Jafar (Aladdin): Happy Halloween.

Donald Duck: Oh, boy! Trick or treat! Tonight, I’m going to go out and scare everyone.

Daisy Duck: You? Scare everyone? Donald, on a Scare-o-Meter, you’re barely a squeal.

Goofy: Yep. She’s right. You’re not going to frighten anyone… dressed up like a big red bunny.

Donald Duck: A bunny? I’ll show you.

(Minnie looks out and sees the guests all here.)

Minnie Mouse: Huh. There seems to be an awful lot of villains here tonight.

Mickey Mouse: Aw, relax, Minnie. It’s Halloween. I’m sure they’re not up to any tricks.

Cruella: Oh, Halloween at the House of Mouse. All treats and no tricks. If this was my house, I’d run things differently.
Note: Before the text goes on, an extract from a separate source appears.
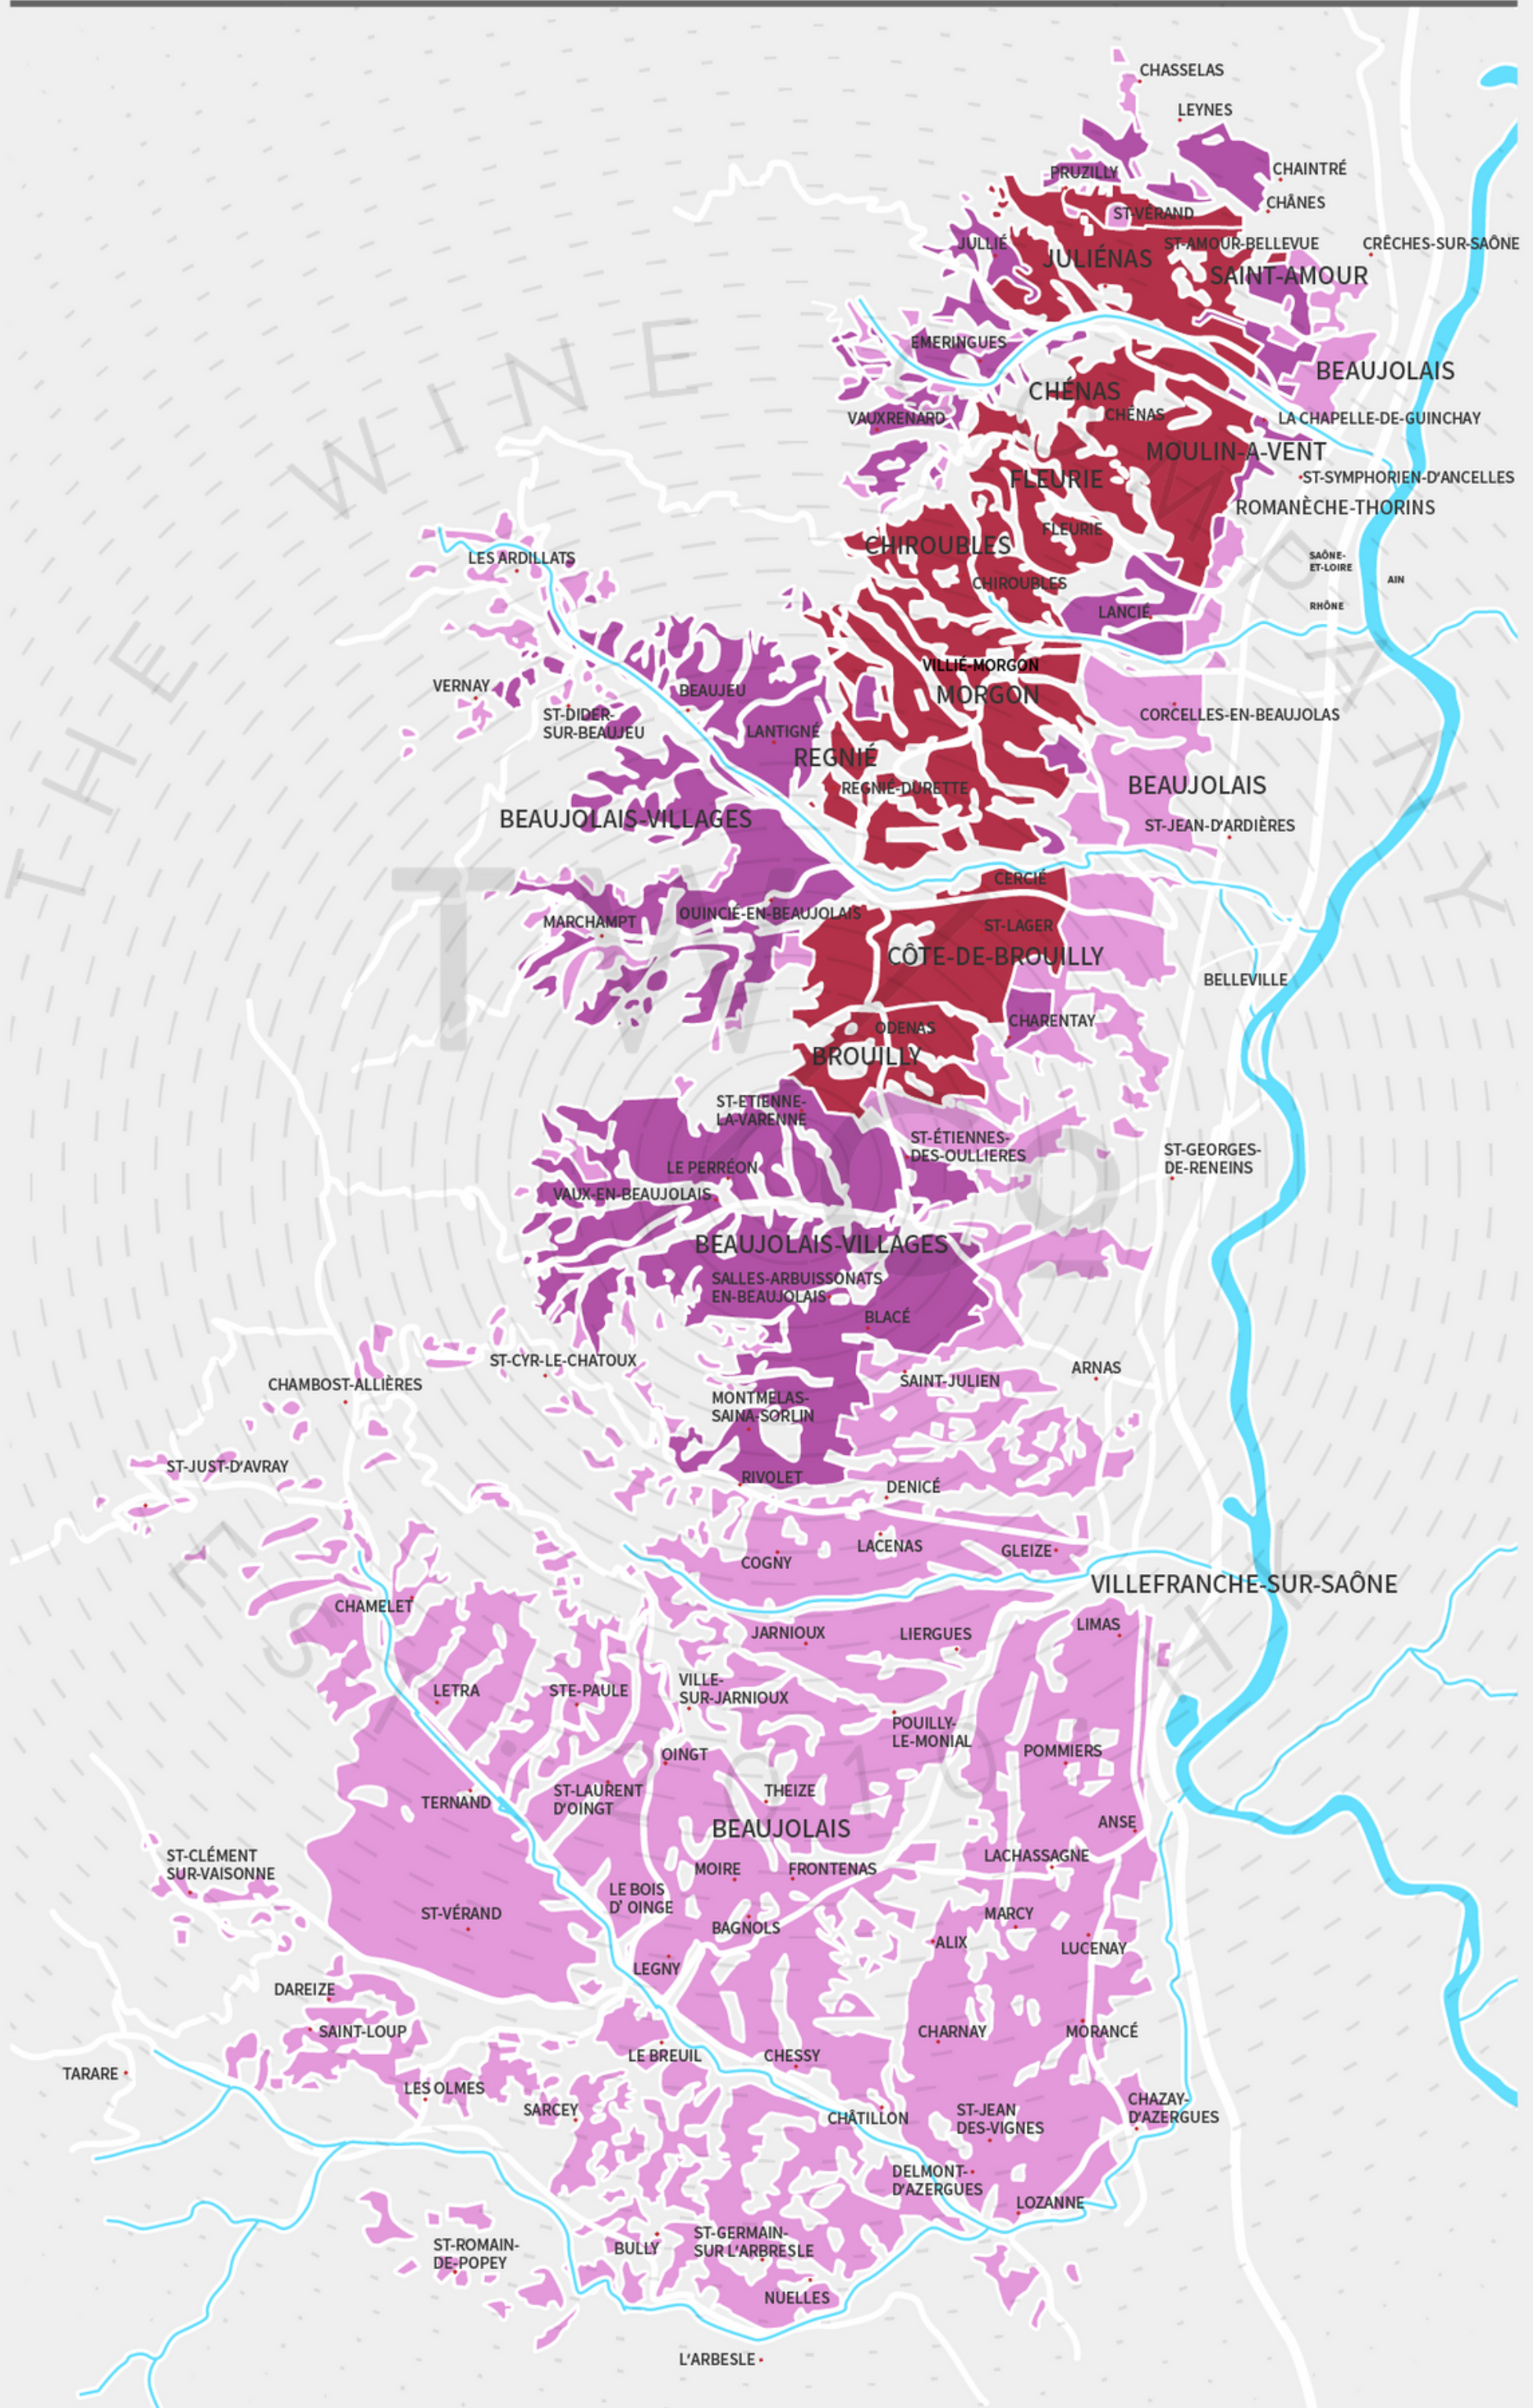

# BEAUJOLAIS

THE WINE COMPANY  
TW/Co  
EST. 2010 . HK

@BURGUNDY

Ursula: Add a splash of evil?

Captain Hook: Pillage and plunder?

Iago: Blah, blah, blah. Every year it’s the same thing-- all talk and no play. What a bunch of dull villains.

Jafar: Well, this year will be different Iago. I’ve got a trick for Mickey Mouse… but you’ll all have to wait until midnight.

Mic: Whoo! It’s a Houseketeer Halloween… so grab your garlic and get set for America’s Most Haunted. He’s Count Mickey Mouse.

Mickey: Velcome. Velcome, my children. Oh, boy! I love Halloween. Lots of haunted happenings around town. Why, Chernobog threw a big party. You know, it’s easy to get to his house. Just make a right on Bald Mountain.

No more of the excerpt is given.